A solution containing 30 g of non - volatile solute exactly in 90 g of water has a vapour pressure of 2.8 kPa at 298 K. Further, 18 g of water is then added to the solution and the new vapour pressure becomes 2.9 kPa at 298 K. Calculate :
(i) Molar mass of the solute.
(ii) Vapour pressure of water at 298 K.

(i) Let, the molar mass of the solute be M g `mol^(-1)`
Now, the no. of moles of solvent (water),
`n_(1)=(90g)/(18g mol^(-1))=5 mol`
And, the no. of solute,
`n_(2)=(30g)/(M mol^(-1))=(30)/(M)mol`
`p_(1)=2.8` kPa
Applying the relation :
`(p_(1)^(0)p_(1))/(p_(1)^(0))=(n_(2))/(n_(1)+n_(2))`
`therefore (p_(2)^(0)-2.8)/(p_(1)^(0)=((30)/(M))/(5+(30)/(M))`
`therefore 1-(2.8)/(p_(1)^(0))=((30)/(M))/((5M+30)/(M))`
`therefore 1-(2.8)/(p_(1)^(0))=(30)/(5M+30)`
`therefore (2.8)/(p_(1)^(0))=1-(30)/(5M+30)`
`therefore (28)/(p_(1)^(0))=(5M+30-30)/(5M+30)`
`therefore (2.8)/(p_(1)^(0))=(5M)/(5M+30)`
`therefore (p_(1)^(0))/(2.8)=(5M+30)/(5M) " "` ....(i)

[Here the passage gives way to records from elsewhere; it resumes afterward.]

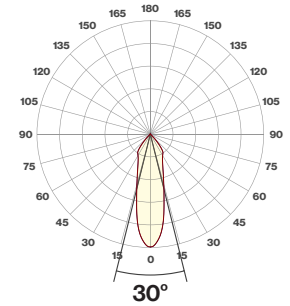

579e Available 50mm LED Modules

Model Number*	Watts	Beam Angle	CRI	Lumens**	Lumens per watt	Tested K-Temp***
LED-507-20	7	20°	90+	798	114	2700K
LED-507-30	7	30°	90+	758	108	2700K
LED-507-40	7	40°	90+	761	109	2700K
LED-508-20	8	20°	90+	1,060	133	2700K
LED-508-30	8	30°	90+	988	124	2700K
LED-508-40	8	40°	90+	1,001	125	2700K
LED-510-20	10	20°	90+	1,245	125	2700K
LED-510-30	10	30°	90+	1,177	118	2700K
LED-510-40	10	40°	90+	1,189	119	2700K
LED-511-20	11	20°	90+	1,362	124	2700K
LED-511-30	11	30°	90+	1,289	117	2700K
LED-511-40	11	40°	90+	1,309	119	2700K
LED-512-20	12	20°	90+	1,458	122	2700K
LED-512-30	12	30°	90+	1,385	115	2700K
LED-512-40	12	40°	90+	1,407	117	2700K

579e Available 50mm LED Modules

Beam Details

All information shown below measured with filter ring installed. Filter media and shielding options available.

LED-507-20

1m	2m	3m	4m	5m	6m	7m	8m	9m	10m	11m	12m	13m	14m	15m	16m	17m	18m	19m	20m
3.3 ft	6.6 ft	9.8 ft	13.1 ft	16.4 ft	19.7 ft	23.0 ft	26.2 ft	29.5 ft	32.8 ft	36.1 ft	39.4 ft	42.7 ft	45.9 ft	49.2 ft	52.5 ft	55.8 ft	59.1 ft	62.3 ft	65.6 ft
5983 lx	1496 lx	665 lx	374 lx	239 lx	166 lx	122 lx	93 lx	74 lx	60 lx	49 lx	42 lx	35 lx	31 lx	27 lx	23 lx	21 lx	18 lx	17 lx	15 lx
555.9 fc	139.0 fc	61.8 fc	34.7 fc	22.2 fc	15.4 fc	11.3 fc	8.7 fc	6.9 fc	5.6 fc	4.6 fc	3.9 fc	3.3 fc	2.8 fc	2.5 fc	2.2 fc	1.9 fc	1.7 fc	1.5 fc	1.4 fc

LED-507-30

1m	2m	3m	4m	5m	6m	7m	8m	9m	10m	11m	12m	13m	14m	15m	16m	17m	18m	19m	20m
3.3 ft	6.6 ft	9.8 ft	13.1 ft	16.4 ft	19.7 ft	23.0 ft	26.2 ft	29.5 ft	32.8 ft	36.1 ft	39.4 ft	42.7 ft	45.9 ft	49.2 ft	52.5 ft	55.8 ft	59.1 ft	62.3 ft	65.6 ft
2781 lx	695 lx	309 lx	174 lx	111 lx	77 lx	57 lx	43 lx	34 lx	28 lx	23 lx	19 lx	16 lx	14 lx	12 lx	11 lx	10 lx	9 lx	8 lx	7 lx
258.3 fc	64.6 fc	28.7 fc	16.1 fc	10.3 fc	7.2 fc	5.3 fc	4.0 fc	3.2 fc	2.6 fc	2.1 fc	1.8 fc	1.5 fc	1.3 fc	1.1 fc	1.0 fc	0.9 fc	0.8 fc	0.7 fc	0.6 fc

After the addition of 18 g of water :
`n_(1)=(90+18)/(18)=6mol`
`p_(1)=2.9` kPa
Aganin, applying the relation :
`(p_(1)^(0)-p_(1))/(p_(1)^(0))=(n_(2))/(n_(1)+n_(2))`
`therefore (p_(1)^(0)-2.9)/(p_(1)^(0))=((30)/(M))/(6+(30)/(M))`
`therefore 1-(2.9)/(p_(1)^(0))=((30)/(M))/((6M+30)/(M))`
`therefore 1-(2.9)/(p_(1)^(0))=(30)/(6M+30)`
`therefore (2.9)/(p_(1)^(0))=1-(30)/(6M+30)`
`therefore (2.9)/(p_(1)^(0))=(6M+30-30)/(6M+30)`
`therefore (2.9)/(p_(1)^(0))=(6M)/(6M+30)`
`therefore (p_(1)^(0))/(2.9)=(6M+30)/(6M) " "` ....(ii)
Dividing equation (i) or (ii), we have :
`(2.9)/(2.8)=((5M+30)/(5M))/((6M+30)/(6M))`
`(2.9)/(2.8)xx(6M+30)/(6)=(5M+30)/(5)`
`2.9xx5xx(6M+30)=2.8xx6xx(5M+30)`
`87M+435=84M+504`
3 M = 69
M = 23
Therefore, the molar mass of the solute is 23 g `mol^(-1)`.
(ii) Putting the value of M in equation (i), we have :
`(p_(1)^(0))/(2.8)=(5xx23+30)/(5xx23)`
`therefore (p_(1)^(0))/(2.8)=(145)/(115)`
`therefore p_(1)^(0)=3.53` kPa
Hence, the vapour pressure of water at 298 K is 3.53 kPa.